Ostojic Sergej M, Rátgéber László
Faculty of Health Sciences, University of Pecs, Pecs, Hungary.
Department of Nutrition and Public Health, University of Agder, Kristiansand, Norway.
EPMA J. 2025 Sep 1;16(3):541-553. doi: 10.1007/s13167-025-00420-9. eCollection 2025 Sep.
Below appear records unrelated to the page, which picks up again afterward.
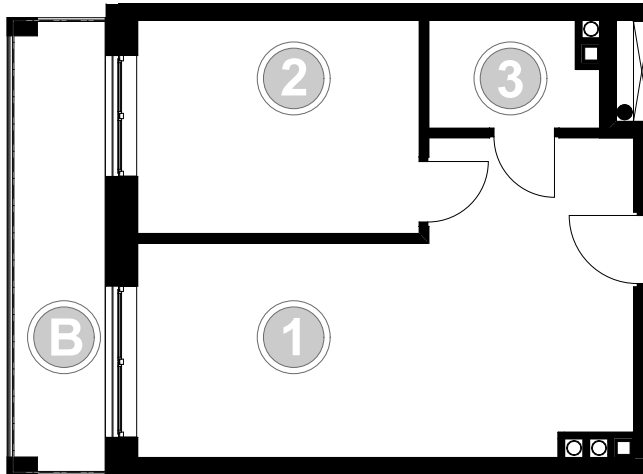

PABIANICE, UL. POPLAWSKA

BUDYNEK **E** PIETRO **2** MIESZKANIE **30**

35,5m²

001	SALON+KUCHNIA	22,0
002	POKÓJ	10,5
003	ŁAZIENKA	3,0
POWIERZCHNIA UŻYTKOWA		35,5 m²

B	BALKON	7,10
----------	--------	------

RZECZYWISTA POWIERZCHNIA ZOSTANIE OBLICZONA NA PODSTAWIE OBIARU POWYKONAWCZEGO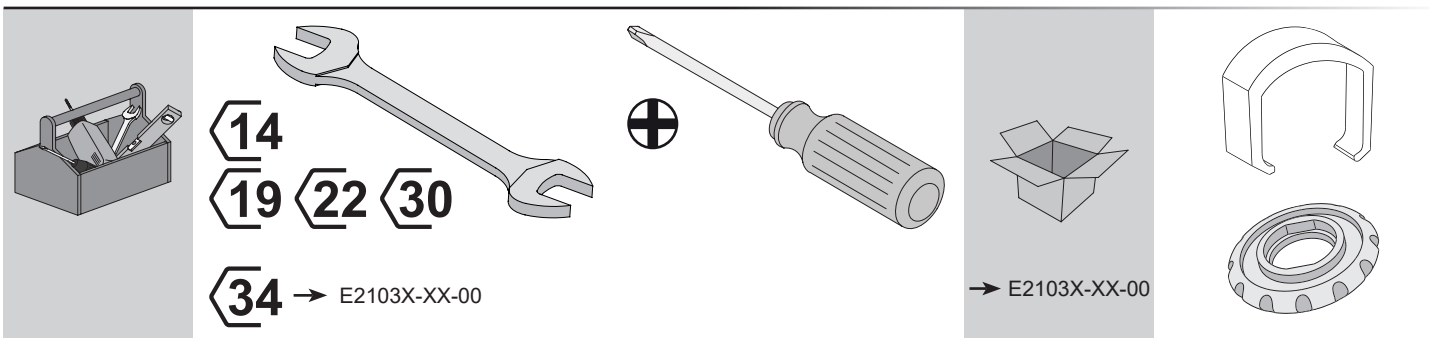

*Jacob Delafon*

ODEON RIVE GAUCHE

|  |     |              |
|--|-----|--------------|
|  | Bar | 0.5 < 3 < 6  |
|  | °C  | 55 < 60 < 65 |

E21028-\*\*-\*\*  
E21029-\*\*-\*\*

E21033-\*\*-\*\*

E21030-\*\*-\*\*  
E21031-\*\*-\*\*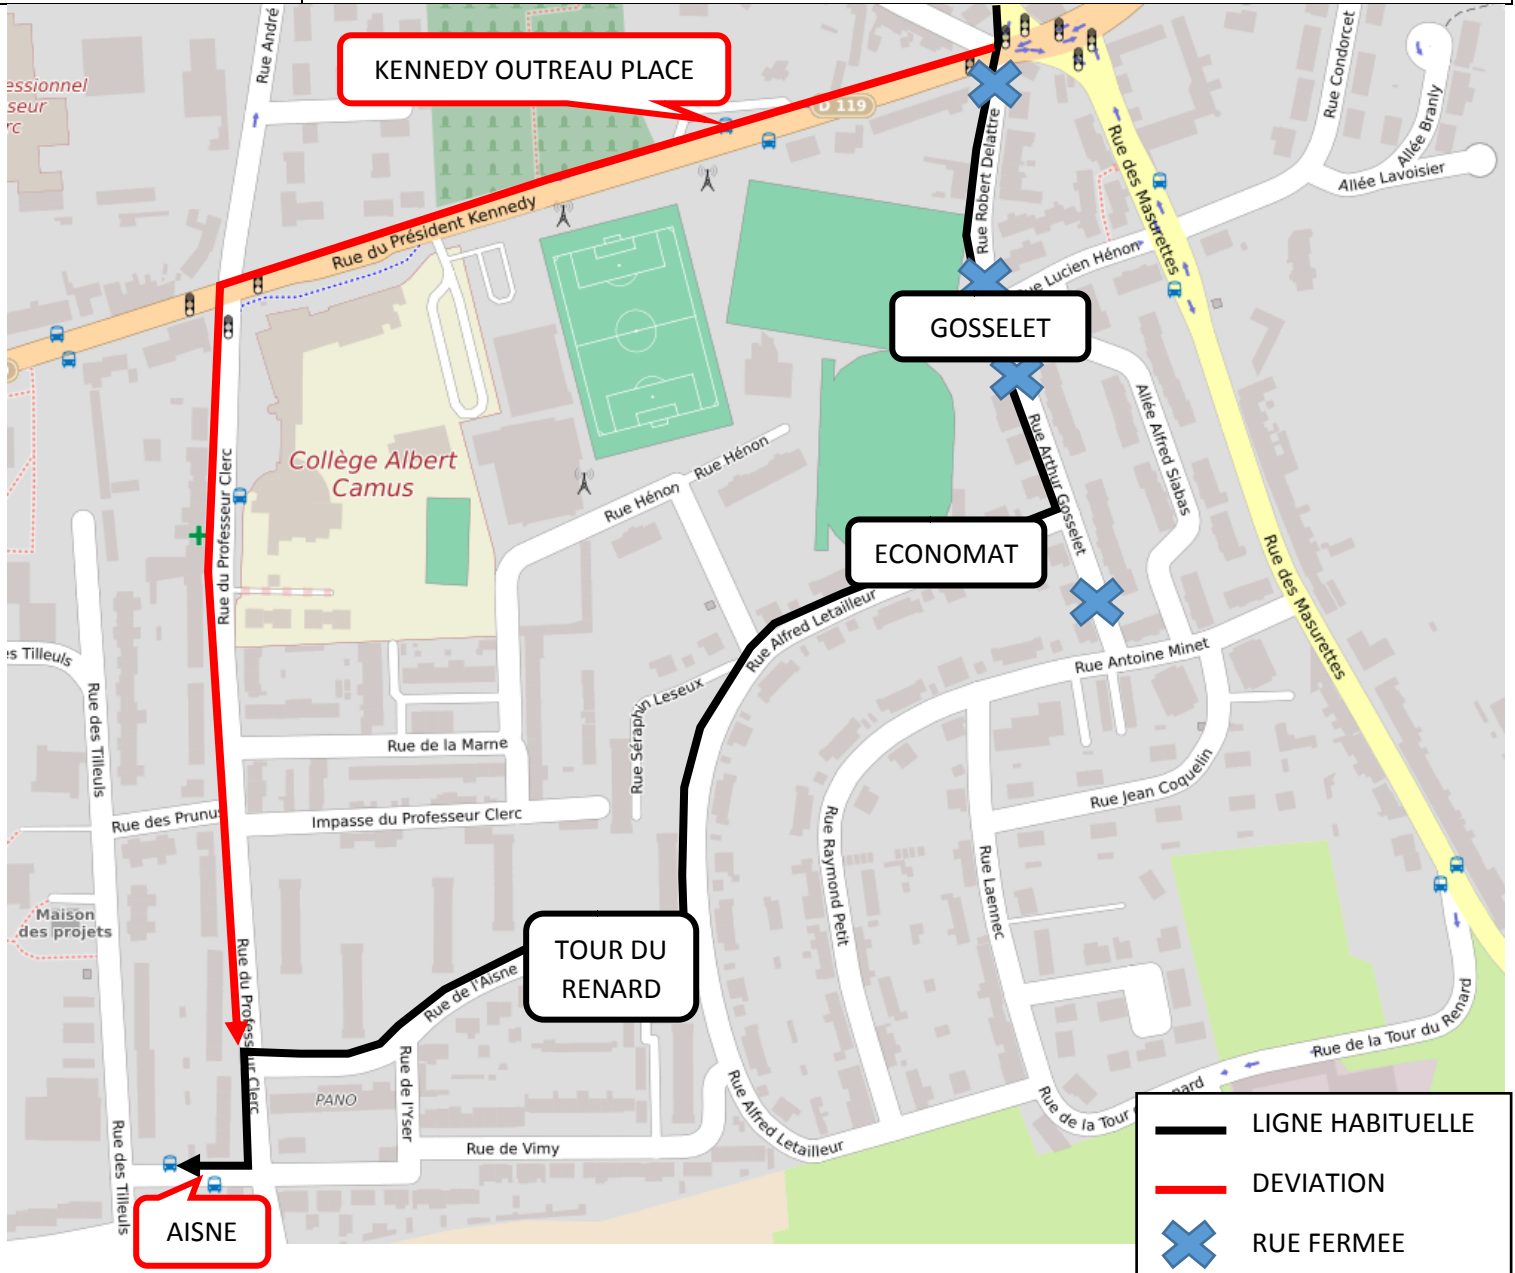

DEVIATION

DATE DE DEBUT	JEUDI 18 NOVEMBRE 2021
DUREE	JUSQUE FIN DE TRAVAUX
SENS	VERS COLLEGE ALBERT CAMUS
EVENEMENT	TRAVAUX RUES DELATTRE ET GOSSELET
ITINERAIRE PAR	BD PRESIDENT KENNEDY – RUE DU PROFESSEUR CLERC – RUE DES PRUNUS – RUE DES TILLEULS – RUE DU CHARME – RUE DU PROFESSEUR CLERC
ARRETS REPORTES OU NON DESSERVIS	« MAZURETTES » ET « ECONOMAT » REPORTES A « KENNEDY OUTREAU PLACE » « TOUR DU RENARD » REPORTE A « AISNE »

	LIGNE HABITUELLE
	DEVIATION
	RUE FERMEE

DEVIATION

DATE DE DEBUT	JEUDI 18 NOVEMBRE 2021
DUREE	JUSQUE FIN DE TRAVAUX
SENS	DANS LES DEUX SENS
EVENEMENT	TRAVAUX RUES DELATTRE ET GOSSELET
ITINERAIRE PAR	BD PRESIDENT KENNEDY ET RUE DU PROFESSEUR CLERC
ARRETS REPORTES OU NON DESSERVIS	« GOSSELET » ET « ECONOMAT » REPORTES A « KENNEDY OUTREAU PLACE » « TOUR DU RENARD » REPORTE A « AISNE »

- LIGNE HABITUELLE
- DEVIATION
- RUE FERMEE

DEVIATION 153

DATE DE DEBUT	JEUDI 18 NOVEMBRE 2021
DUREE	JUSQUE FIN DE TRAVAUX
SENS	BEETHOVEN VERS ETABLISSEMENTS SCOLAIRES
EVENEMENT	TRAVAUX RUES DELATTRE ET GOSSELET
ITINERAIRE PAR	RUE DU PROFESSEUR CLERC ET BD PRESIDENT KENNEDY
ARRETS REPORTES OU NON DESSERVIS	« MAZURETTES » ET « ECONOMAT » REPORTES A « KENNEDY OUTREAU PLACE » « TOUR DU RENARD » REPORTE A « AISNE »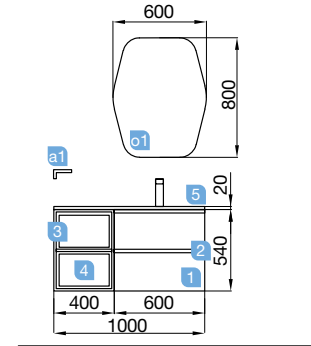

SPIRIT 855/D pin bahía

MEUBLE 600+COQUETTE 250

COD.	DESCRIPTION	€
COMPOSITION 855/D PIN BAHÍA		
1 22800	Meuble suspendu SPIRIT 600 Pin bahía 2 tiroirs métalliques à fermeture amortie 598 x 540 x 450 mm	348
2 26808	Poignée SPIRIT 600 Aluminium anodisé (2 unités)	26
3 26837	Coquette suspendue avec tiroir extraible ALLIANCE 250 porte serviette. Pin bahía avec tiroirs intérieurs. 250 x 540 x 450 mm	179
4 26913	Poignée PORTE-SERVIETTE 250 anodisé brillant	20
5 18686	Plan vasque SOFIA 855 coquette à droite MineralMarmo sans siphon ni bonde de vidage clic-clac 855 x 15 x 460	424
PRIX TOTAL DE L'ENSEMBLE		997

OPTION		
COD.	DESCRIPTION	€
o1 16908	Miroir SENA 600 horizontal-vertical verre 5 mm. 600 x 800 mm	67
o2 20728	Applique ESTORIL 500 luminaire led (6W) IP44, fixation à mur/cadre 500 x 76 x 79 mm	121
o3 13663	Siphon avec bonde clicker laiton chromé	74
COMPLEMENT		
COD.	DESCRIPTION	€
a1 22908	Module ALLIANCE 250 Pin bahía gauche/droite 1 porte avec système push 250 x 800 x 162 mm	163
a2 24736	Module ALLIANCE 1000 Pin bahía gauche/droite 1 porte avec système push 352 x 1000 x 352 mm	259

OPTION		
COD.	DESCRIPTION	€
o1 26775	Miroir ORGANIC 600 horizontal-vertical avec LED lumière. 600 x 800 mm	299
COMPLEMENT		
COD.	DESCRIPTION	€
a1 26126	Etagère porte-serviette 400 solid surface 400 x 60 x 120 mm	59

SPIRIT 1005/G sbiancato

COQUETTE 400+MEUBLE 600

COD.	DESCRIPTION	€
COMPOSITION 1005/G SBIANCATO		
1 26634	Meuble suspendu SPIRIT 600 Sbiancato 2 tiroirs métalliques à fermeture amortie 598 x 540 x 450 mm	348
2 22946	Poignée SPIRIT 600 noir soft (2 unités)	26
3 23356	Coquette suspendue ALLIANCE 400 Sbiancato 2 espaces. 400 x 540 x 434 mm	103
4 23345	Ensemble 2 cubes intérieurs ALLIANCE 400 Charbon-TX pour coquette 400. 367 x 244 x 428 mm	68
5 18689	Plan vasque SOFIA 1005 coquette à gauche MineralMarmo sans siphon ni bonde de vidage clic-clac 1005 x 15 x 460	490
PRIX TOTAL DE L'ENSEMBLE		1035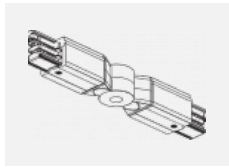

XTS24-1, grey
spojka ohebná kloubová,
šedá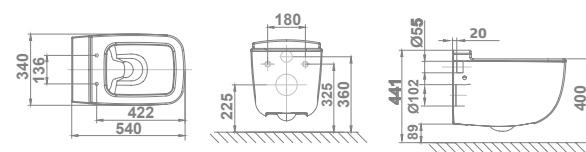

€/u
55483 WC FULL FRAME EON Sistema de instalación para inodoro suspendido en pared ligera. Descarga de 6/3L, 4,5/3L y 4/2L. Accesorios de instalación incluidos. Profundidad mínima: 108/125 mm (DN90/DN100). Codo ø90 o 110 mm	220,6
5056369 PULSADOR DE DOBLE DESCARGA EON 3 Cromo brillo.	43,8
CONJUNTO COMPLETO**	675,5

Otras posibilidades de instalación en páginas 136 - 150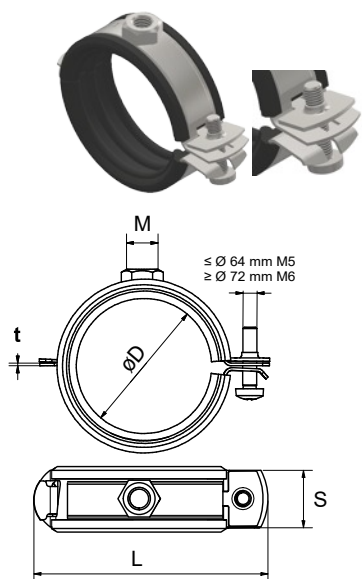

OBJÍMKA JEDNOŠROUBOVÁ

- s rychlouzavíracím systémem
- materiál: ocel
- pozinkováno
- zvukově izolační vložka: EPDM

Obj. číslo	Ø D (mm)	Coul	M	L (mm)	S x t (mm)	Fa,z (N)	Balení v ks
311001216	12 - 16	1/4"	M8	48	20 x 1,25	800	100
311001719	17 - 19	3/8"	M8	51	20 x 1,25	800	100
311002023	20 - 23	1/2"	M8	57	20 x 1,25	800	100
311002530	25 - 30	3/4"	M8	63	20 x 1,25	800	100
311003138	31 - 38	1"	M8	71	20 x 1,25	800	100
311004046	40 - 46	5/4"	M8	80	20 x 1,25	800	100
311004853	48 - 53	6/4"	M8	88	20 x 1,25	800	50
311005458	54 - 59		M8	94	20 x 1,25	800	50
311006064	60 - 64	2"	M8	100	20 x 1,25	800	50
311007278	72 - 78	2 1/2"	M8/M10	114	25 x 1,5	800	50
311008792	87 - 92	3"	M8/M10	128	25 x 1,5	800	50
311102116	108-116	4"	M8/M10	153	25 x 2	800	50
3X1001216	12 - 16	1/4"	M8/M10	48	20 x 1,25	800	100
3X1001719	17 - 19	3/8"	M8/M10	51	20 x 1,25	800	100
3X1002023	20 - 23	1/2"	M8/M10	57	20 x 1,25	800	100
3X1002530	25 - 30	3/4"	M8/M10	63	20 x 1,25	800	100
3X1003138	31 - 38	1"	M8/M10	71	20 x 1,25	800	100
3X1004046	40 - 46	5/4"	M8/M10	80	20 x 1,25	800	100
3X1004853	48 - 53	6/4"	M8/M10	88	20 x 1,25	800	50
3X1005459	54 - 59		M8/M10	94	20 x 1,25	800	50
3X1006064	60 - 64	2"	M8/M10	100	20 x 1,25	800	50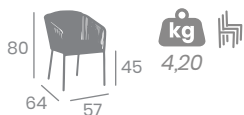

Sillón CANNES

Aluminio Pintado
Negro.
Ref. 4023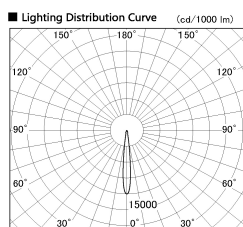

Item no. DD136-3515WW9040-R

Series Name: Cledy versa R-G Antiglare
(DD136-AG-R)

White Reflector

■ Direct Horizontal Illuminance DD136-3515WW9040-R

φ	Illuminance Angle	Beam Angle	Vertical Illuminance (lx)
170	10°	12°	147660
1	50000		36920
2	20000		16410
340	10000		9230
2			5910
520	5000		4100
3			3010
690	m	1 0 1 2	2310

Installation	Recessed mount
Type	Cledy versa R-G Antiglare (DD136-AG-R)
Fixture wattage	36W
Beam angle	12 deg
Color Temp.	4000K
CRI	Ra>90
Luminous	3053 lm
Body	Die-cast aluminum alloy
Body finish	N/A
Trim finish	White
Reflector finish	White
IP Rate	IP20
Light source	COB module
Input Voltage	AC220~240V
Dimming Type	Non-Dimmable
Certificate	CE, CCC
Cut Hole	150mm

Creatine, traditionally recognized for its role in skeletal muscle energy metabolism, is increasingly emerging as a mitochondria-targeted theranostic agent with significant relevance to the framework of predictive, preventive, and personalized medicine (PPPM). However, several critical gaps currently limit its translation into clinical practice: (1) the lack of sensitive and standardized biomarkers for early detection of bioenergetic deficits, (2) limited incorporation of creatine profiling into predictive risk models, (3) insufficient personalization of supplementation strategies despite known interindividual variability in transporter function, endogenous synthesis, and tissue kinetics, and (4) underdeveloped clinical validation of advanced creatine formulations and delivery systems. This mini review addresses these unmet needs by consolidating evidence on creatine's multifaceted biological functions-including stabilization of mitochondrial membranes, regulation of oxidative stress, support of mitochondrial biogenesis, and modulation of apoptotic signaling-across physiological and pathological states. By sustaining ATP homeostasis via the creatine kinase-phosphocreatine system and influencing mitochondrial dynamics and redox balance, creatine represents both a therapeutic and diagnostic candidate for diseases characterized by impaired bioenergetics. From a PPPM perspective, creatine profiling through biofluids, tissue sampling, and advanced imaging (e.g., proton magnetic resonance spectroscopy) offers a minimally invasive approach for early detection, patient stratification, and monitoring of mitochondrial function. Personalized intervention strategies-guided by molecular and phenotypic profiling-have the potential to maximize efficacy and minimize risk, while creatine loading or depletion tests may serve as functional biomarkers of mitochondrial reserve capacity and supplementation responsiveness. Finally, integration of creatine-centered diagnostics and therapeutics with multi-omics data, computational modeling, and digital health monitoring could overcome existing translational barriers. By reframing creatine from a sports nutrition supplement to a scalable, safe, and cost-effective component of mitochondrial medicine, this review outlines a pathway to address current diagnostic, predictive, and therapeutic deficits, ultimately supporting proactive, systems-level approaches to health maintenance and disease prevention.
肌酸,传统上因在骨骼肌能量代谢中的作用而被认可,如今正日益成为一种针对线粒体的诊疗试剂,与预测、预防和个性化医学(PPPM)框架具有重要关联。然而,目前有几个关键差距限制了其转化为临床实践:(1)缺乏用于早期检测生物能量缺陷的灵敏且标准化的生物标志物;(2)肌酸谱分析在预测风险模型中的纳入有限;(3)尽管已知转运体功能、内源性合成和组织动力学存在个体差异,但补充策略的个性化不足;(4)先进的肌酸制剂和递送系统的临床验证不完善。本综述通过整合肌酸在生理和病理状态下多方面生物学功能的证据来满足这些未满足的需求,这些功能包括线粒体膜的稳定、氧化应激的调节、线粒体生物发生的支持以及凋亡信号的调节。通过肌酸激酶 - 磷酸肌酸系统维持ATP稳态并影响线粒体动力学和氧化还原平衡,肌酸代表了生物能量受损疾病的治疗和诊断候选物。从PPPM角度来看,通过生物流体、组织采样和先进成像(如质子磁共振波谱)进行肌酸谱分析,为早期检测、患者分层和线粒体功能监测提供了一种微创方法。由分子和表型谱分析指导的个性化干预策略有可能使疗效最大化并使风险最小化,而肌酸负荷或消耗测试可作为线粒体储备能力和补充反应性的功能生物标志物。最后,将以肌酸为中心的诊断和治疗与多组学数据、计算建模和数字健康监测相结合,可以克服现有的转化障碍。通过将肌酸从运动营养补充剂重新定义为线粒体医学中可扩展、安全且具有成本效益的成分,本综述概述了一条解决当前诊断、预测和治疗缺陷的途径,最终支持主动的、系统层面的健康维护和疾病预防方法。